At the same time, you notice a group of "younger people" who have questions about why things are the way they are and sometimes have some slightly strange ideas about how things came about.

So, old timers, pardon me while I walk through time and loosely paint a path of where we are and how we got there.

Imagine the year 1969 (not really so long ago) when even mainframe computers ran only one task at a time. A machine that could fill a room and used water cooling and enough electricity to make a significant dent in your electric bill only had one-quarter to one-half megabyte of core memory.

That machine might also have one or two disk drives that cost $32,000, apiece and each would hold 180MB of disk storage.

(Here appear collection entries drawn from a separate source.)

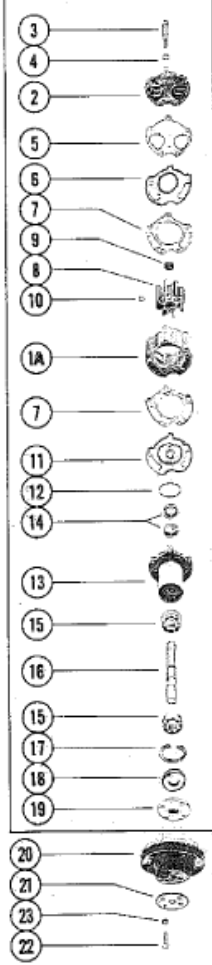

BREAKDOWN OF WATER PUMP

Parts List

Ref	Class	Part	Description	Qty	Comment	Footnote
1	46	72774A11	WATER PUMP ASSEMBLY	1		
1A	46	72774	BODY, WATER PUMP 1	1		
2		87631	COVER, WATER PUMP	1		
3	10	63328	SCREW, COVER TO BODY (3")	5		
4	12	20084	WASHER, COVER SCREW	5		
5	27	72779	GASKET, COVER TO OUTER W	1		
6		72777	WARE PLATE	1		
7	27	72780	GASKET, BODY TO WEAR PLA	2		
8	47	59362A 1	IMPELLER ASSEMBLY	1		
9	19	59504	PLUG, IMPELLER	1		
10	28	56662	KEY, IMPELLER DRIVE	1		
11		72778	WEAR PLATE	1		
12	25	37340	"O" RING, PUMP HOUSING TO	1		
13	46	71497A 2	PUMP HOUSING	1		
14	26	23300	OIL SEAL, WATER PUMP SH	2		
15	30	72961	BALL BEARING, WATER PUM	2		
16		59501	SHAFT, WATER PUMP	1		
17	53	23720	RING, SNAP - BALL BEARING	1		
18	26	72785	OIL SEAL, WATER PUMP SH	1		
19		47530	HUB, WATER PUMP PULLYE	1		
20		73798	PULLEY, WATER PUMP	1		
21		58265	CLAMPING RING, PUMP PULLEY	1		
22	10	47277	SCREW, PULLEY TO WATER PU	4		
23	13	39107	LOCKWASHER, WATER PUMP P	4		
24		78010	BRACKET, WATER PUMP	1		
25	10	34354	SCREW, WATER PUMP CRACK	1		
26	13	35048	LOCKWASHER, WATER PUMP B	1		
27	16	57932	STUD, WATER PUMP BRACKET	1		
28	11	23161	LOCK NUT, WATER PUMP BRAC	1		
29	12	20553	WASHER, WATER PUMP BRACK	1		
30	16	57932	STUD, WATER PUMP BRACKET	1		
31	13	35048	LOCKWASHER, ADJUSTING BRA	1		
32	12	34714	WASHER, ADJUSTING BRACKET	1		
33	11	24883	NUT, ADJUSTING BRACKET STU	1		
34	57	74271	BELT, WATER PUMP	1		
35	22	32802	PLUG, PIPE (FOR WATER PUMP	1		
36	32	78108	HOSE, MOLDED - WATER PUMP	1		
37	54	32780	CLAMP, HOSE ATTACHING	2		
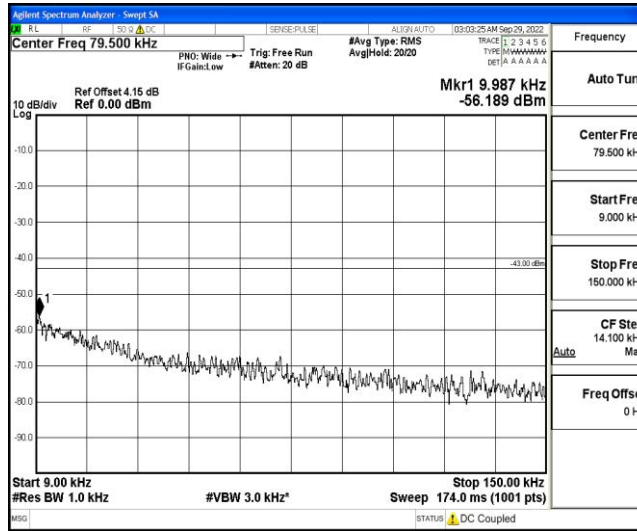

Band66-3MHz-16QAM-131987-1RB#0-Range1:0.009~0.15MHz

The processors were able to do between 35,000 to a bit over 16 million instructions per second, depending on the model.

The address space of a task at that time was about 16 million bytes for this mainframe computer, with a 24-bit address space. All of the program had to fit into memory at one time, unless you used a trick called "overlays," which caused pain and suffering to the programmer.

Only large companies and governments could afford anything more, and often not even them. Since most computer companies only built machines that could be sold, improvements in size and capacity moved slowly.

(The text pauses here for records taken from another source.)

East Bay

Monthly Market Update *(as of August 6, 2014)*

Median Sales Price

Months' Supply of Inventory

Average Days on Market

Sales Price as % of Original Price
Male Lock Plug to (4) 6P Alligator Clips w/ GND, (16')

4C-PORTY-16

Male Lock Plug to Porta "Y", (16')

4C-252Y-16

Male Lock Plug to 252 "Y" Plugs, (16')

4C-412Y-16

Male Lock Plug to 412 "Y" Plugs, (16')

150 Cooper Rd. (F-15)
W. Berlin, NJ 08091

It was not that we did not know how to solve big problems; we could not afford to solve big problems.

"Operators" mounted magnetic tapes, fed punched cards, and tore off printer listings to be distributed to the employees who needed them.

Programs read directly from card readers and wrote directly to printers. This limited the speed of the program to what card readers could read in and what printers could print out. Good programs started reading the next card while they were processing the existing card and scheduled the next line to be printed when the printer sent the interrupt saying that the last line was finished printing. The operators would not launch the next job until the last one had finished printing.

Then "spooling" was invented … a trade off of disk space and memory for faster access to data and printing. Jobs could now be "queued" to run whenever resources in the machine allowed, and more memory was added to allow multiple jobs to run at one time.

Security was still locking the door at night (no terminals attached to this machine), networking was carrying the boxes of cards and tapes around, and graphics was printing ASCII art on line printers.

Graphics, audio, and video that we take for granted today were unknown to the general public, and most people never saw a real computer or touched a computer keyboard until they went to university or started working for a company. There were no computers in the high school or at home.

A single transistor in those days might cost $1.50, and integrated circuits were just beginning to replace discrete transistors in the late 1960s, so having any larger memories or faster CPUs was simply not affordable.

I remember buying 128,000 bytes of semiconductor memory in 1978 for about $128,000, about twice what you might pay for a decent house at the time. A few years later (1981), I paid $10,000 for a megabyte of RAM, and a couple of years after that I paid $2,000 for the same megabyte of RAM.

You needed to balance the speed of the CPU with the amount of RAM you had, the amount of disk storage, and a series of other elements. What would be the sense (in most cases) of having a CPU that could do billions of instructions a second accessing memory that was only kilobytes in size with a disk measured in megabytes? Or having 10GB of RAM with a 5MB storage device?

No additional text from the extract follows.